Had a disappointing (but acceptable and not depressing) xmas; I think I needed to see how much things had deteriorated. And it was nice to have the whole family together for a holiday, even if it was bittersweet after the last two holidays were separate. I need to spend some time reflecting on xmas vs thanksgiving and figure out some takeaways. I feel like some reflection will be helpful. I found myself losing interest in W the last couple days. Potentially more to come on this front but I’ve had stretches like this before and emotionally yo-yo’d back so I want to give it a few days.

After the lunch interaction Friday I found myself significantly impacted for about 6 hours but within 24 I was pretty much back to where I was before emotionally. So I definitely have more work to do on becoming an ‘unaffected man.’ She still pulls strings as evidenced by this exchange and I notice they still have an effect but a lot less and shorter lasting than in the past. This is an area I really don’t want to backslide on so really focusing on it.

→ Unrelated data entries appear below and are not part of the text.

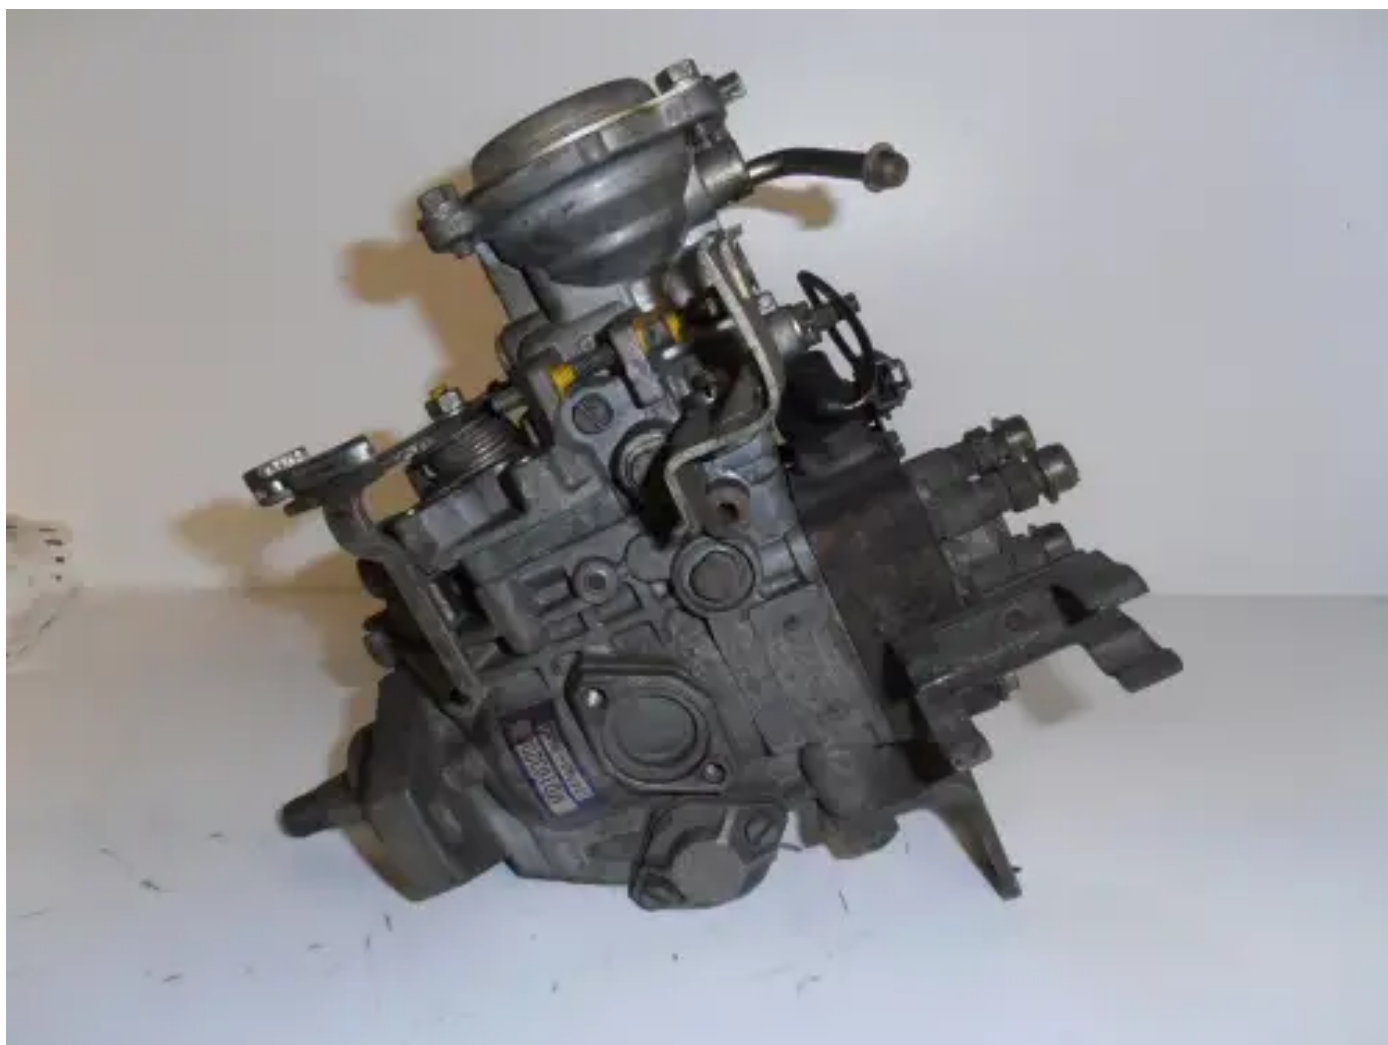

# ZEXEL DIESEL KIKI BRANDSTOFFPOMP 104640-3350 HERBOUWD

[Contacteer ons](#)

## Specificaties

Staat: Rebuild

Merk: zexel diesel kiki

Type: Motoronderdelen

Soort product: Rebuild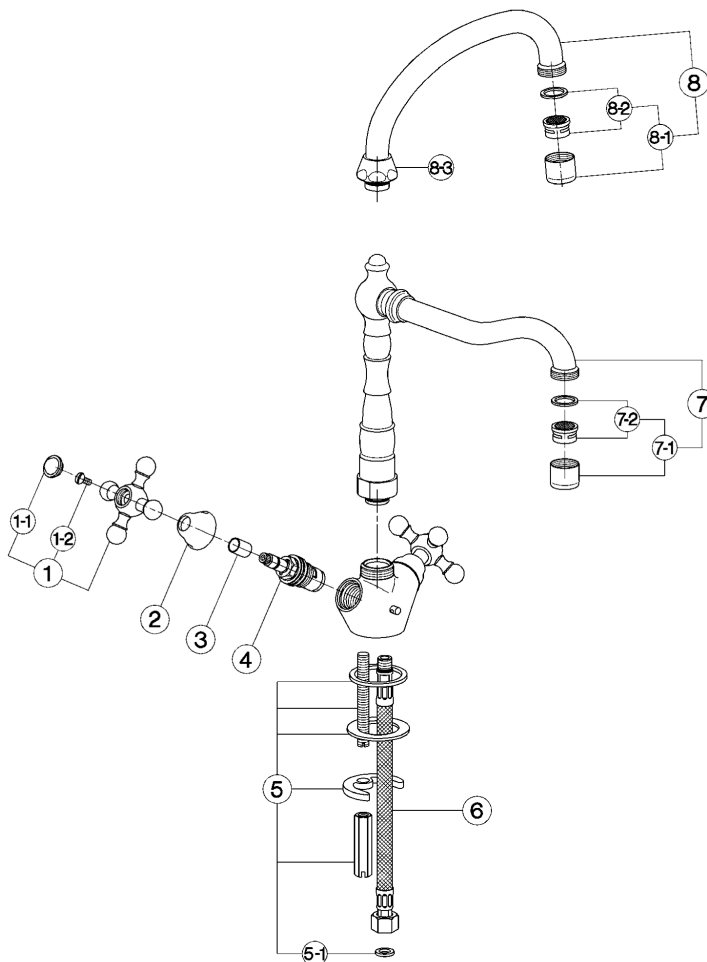

Sink mixer KITCHEN_RE000520

MODEL **RE000520**

Sink mixer, swivel spout, G.3/8" stainless steel flexible hoses

AVAILABLE FINISHINGS

- 
21 21 Chrome
- 
26 26 Old Copper
- 
27 27 Old Bronze

CHARACTERISTICS

Sink mixer KITCHEN_RE000520

cisal

RE 00052 (RE 00053)

- Monoforo lavello
- Single hole sink mixer
- Einloch-Spültischbatterie
- Mélangeur monotrou évier

bar	PORTATA BOCCA DI EROGAZIONE * SPOUT FLOW RATE DURCHFLUSS WANNENEINLAUF DEBIT BEC DEVERSEUR l/min.
0.5	5.5
1	8
2	11
3	13.5
4	15.5
5	17.5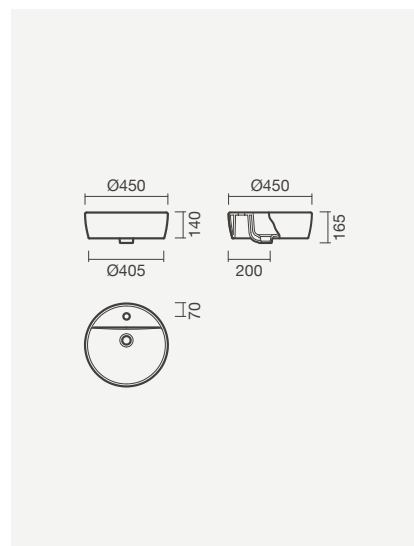

URBAN

Lavatório 45

450 x 450 x 165mm

- > aplicação de pousar
- > com furo para torneira (central à cuba), com furo de nível
- > na embalagem: lavatório

Referência	Peso	Peças por palete	€
S100 1691 7600 000	12	32	116,50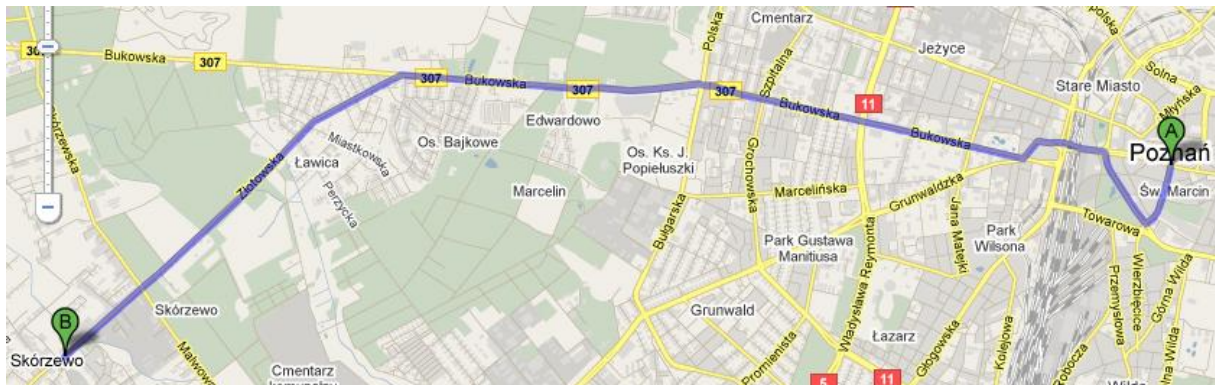

# Wskazówki dojazdu samochodem do Szkoły

**Sugerowana trasa: z Poznania do Skórzewa :**

**ul. Bukowska ok. 17 min**

**Bukowska i Złotowska 10,6 km**

**Sugerowana trasa z lotniska „Ławica”:**

**Złotowska ok. 8 min /4,2 km**

# Dojazd komunikacją miejską do Szkoły:

**Należy z Centrum Poznania Rondo Kopernika (Kaponiera)**

**np. : tramwajem linii numer 2 dotrzeć do pętli tramwajowej na Ogrodach Ogrody – część miasta Poznania i osiedle administracyjne w północno-zachodnim obszarze miasta.**

Tramwaj typu Düwag GT6 w barwach poznańskiego MPK na pętli "Ogrody" (pl. Waryńskiego)

**Z pętli tramwajowej ogrody dwa warianty dojazdu:**

**1. Eurobus – przystanek na ogrodach przy przystanku autobusowym cena biletu ok. 3 zł.**

**2. Linia 718 i 719 - rozkład jazdy cena biletu ok. 2,5 zł.**

**Nr 718** na trasie Poznań – Skórzewo – Dąbrowa – Dąbrówka – Pałędzie – Dopiewiec – Dopiewo – Lisówki

**Nr 719** na trasie Poznań – Skórzewo – Dąbrowa – Zakrzewo – Dąbrówka – Pałędzie – Dopiewiec – Dopiewo – Lisówki

Thanks Boat for the feedback on never too much space. Each day since that exchange she’s made a comment along these lines—too much space. She was gone all day Saturday shopping so I was on kid duty. I was out Sunday shopping for extra/last gifts (mostly just wanted to be out of the house/GAL since she was home) and she called me a couple times to ask where I was and say she wished I wasn’t out buying her stuff and was home to help her. I deflected with a bit of (true) humor—said “don’t worry, only getting you a pair of socks; everything else is for the kids.” I had already told her most of the shopping was done, just grabbing last few items. And for clarity, I got her a couple other things because I feel like xmas is a time of acceptance and forgiving—a core personal value, not a flashy gift scenario.

Then on xmas day I was reading in the sunroom around 2p and she called from kitchen, “what are you doing? I’m in here all by myself (implying I should be in there).” I had done stuff all morning and was secure in relaxing for a bit. She didn’t used to be so petty about it. I bring these exchanges up just to make sure I’m not putting a sour note in a good song.